NGG nucleotide sequence (or CCN) must be present immediately 5` of the sequence you want to target with Cas9. Else you cant target the sequence and must choose another.
If there is no such sequence you can use alternative nuclease like Cpf1 (TTN/NAA)
I recommend you have a look on the Addgene website for information about some Cas9 variants in the literature which have slightly different PAM sequence requirements: https://www.addgene.org/crispr/guide/ (scroll down to the bottom of the page).
Here is a summary:
SpCas9 = NGG
SpCas9 D1135E variant = NGG (reduced NAG binding)
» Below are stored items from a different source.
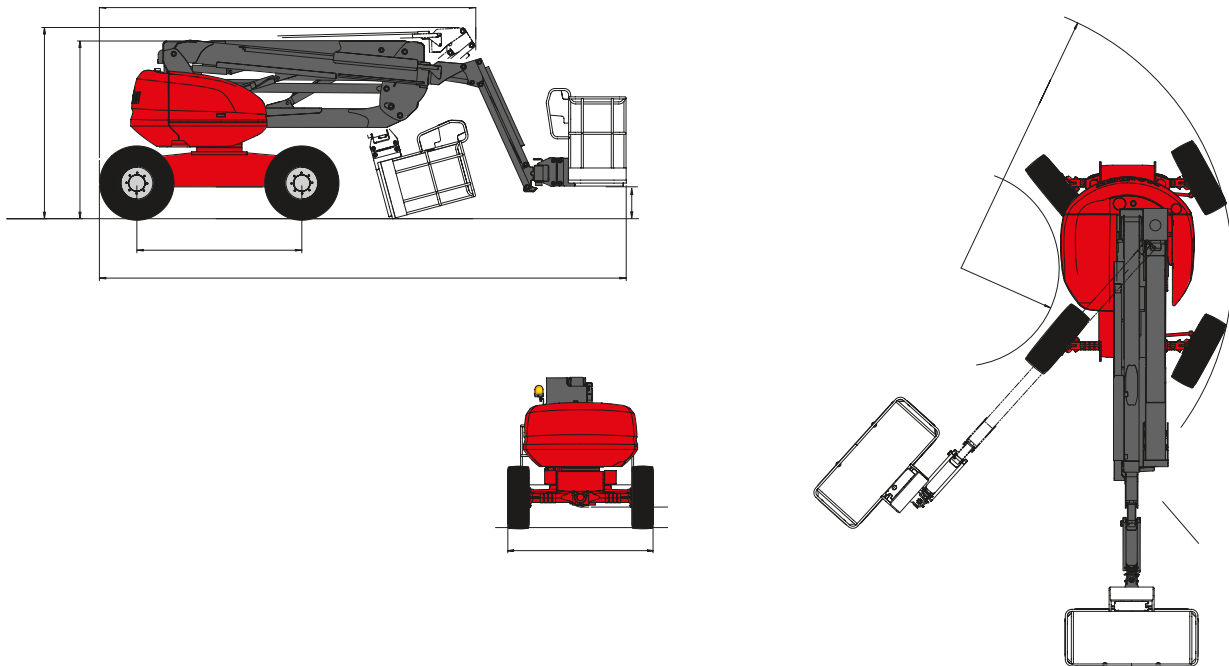

Datenblatt Manitou 160 ATJ

Arbeitshöhe	16.25 m
Plattformhöhe	14.25 m
Seitliche Reichweite	8.94 m
Arbeitskorb	2.30 × 0.90 m
Tragkraft	400 kg
Arbeitskorb drehbar	90° / 90°
Korbarm	ja / Tele
Fahrzeuglänge	7.00 m

Fahrzeuglänge Transport	5.00 m
Fahrzeugbreite / Arbeitsbreite	2.30 m
Fahrzeughöhe	2.37 m
Fahrzeuggewicht	8100 kg
Betriebsart	Diesel
Antrieb Bühne	4 / 4
Reifen nicht markierend	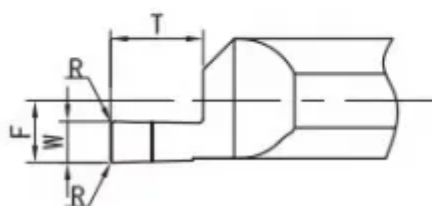

MFR-6-B1.0-L15

Артикул

MFR-6-B1.0-L15

Тип

Минирезец (твёрдый сплав)

Бренд

TACTIC

Тип расточки

Торцевая канавка

L1

15

T (глубина резания)

1.5

Обрабатываемый материал

F

5.95

L

51

W

1

Min Dia

8

Диаметр хвостовика D

D6 (Ø6mm)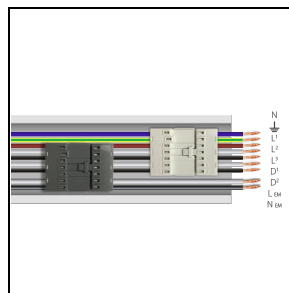

Product gegevens

ETIM Groep:	EG000027	ETIM Klasse:	EC0028g2
-------------	----------	--------------	----------

Algemene informatie

Lamphouder:	LED	Lichtbron:	LED
Nominale lichtstroom [lm]:	7334	Reële lichtstroom [lm]:	6022
Armatuur wattage [W]:	42 W	Specifieke lichtstroom [lm/W]:	143
CRI:	80	Kleurtemperatuur [K]:	3000
Kleur / Afwerking:	WH-RAL9003 / Wit RAL9003 / Glanzend	IP waarde:	IP40
Impact resistance / impact energy:	IK05 0.8J xx3	Beschermingsklasse:	I
Optiek:	A21/M - Asymmetrische gemiddelde	Nettogewicht [kg]:	2.6
Totale lengte [mm]:	1434	Totale breedte [mm]:	66
Totale hoogte [mm]:	66		

Fotometrische gegevens

Verplichte accessoires

RAIL-A TRY 9P DALI/EM

**310934**

RAIL-A TRY 9P DALI/EM - L 1435 mm
(inclusief 2 beugels en eindkappen)

WH-RAL9003 / Wit RAL9003

RAIL-M TRY 9P DALI/EM

**310935**

RAIL-M TRY 9P DALI/EM - L 1435 mm
(inclusief 2 beugels)

WH-RAL9003 / Wit RAL9003

**310936**

RAIL-M TRY 9P DALI/EM - L 2870 mm
(inclusief 4 beugels)

WH-RAL9003 / Wit RAL9003

**310937**

RAIL-M TRY 9P DALI/EM - L 4305 mm
(inclusief 6 beugels)

SpCas9 VRER variant = NGCG
SpCas9 EQR variant = NGAG
SpCas9 VQR variant = NGAN or NGNG
SaCas9 = NNGRRT or NNGRR(N)
If any of these PAM sequences would be ideal for your targeted region, you can then search on the Addgene website for plasmids encoding the desired Cas9 enzyme. You can order the plasmids from them (they're not that expensive) and then start cloning for your sgRNAs.
PAM localisation is some quite flexible, no need to be on exactly locus of interesting. For knock-in, within +/- 100 base pairs region works fine, by providing a correct repair donor template. For knock-out would be even more flexible. Hard to imagine you could not find a NGG site within 200 base pairs of sequence.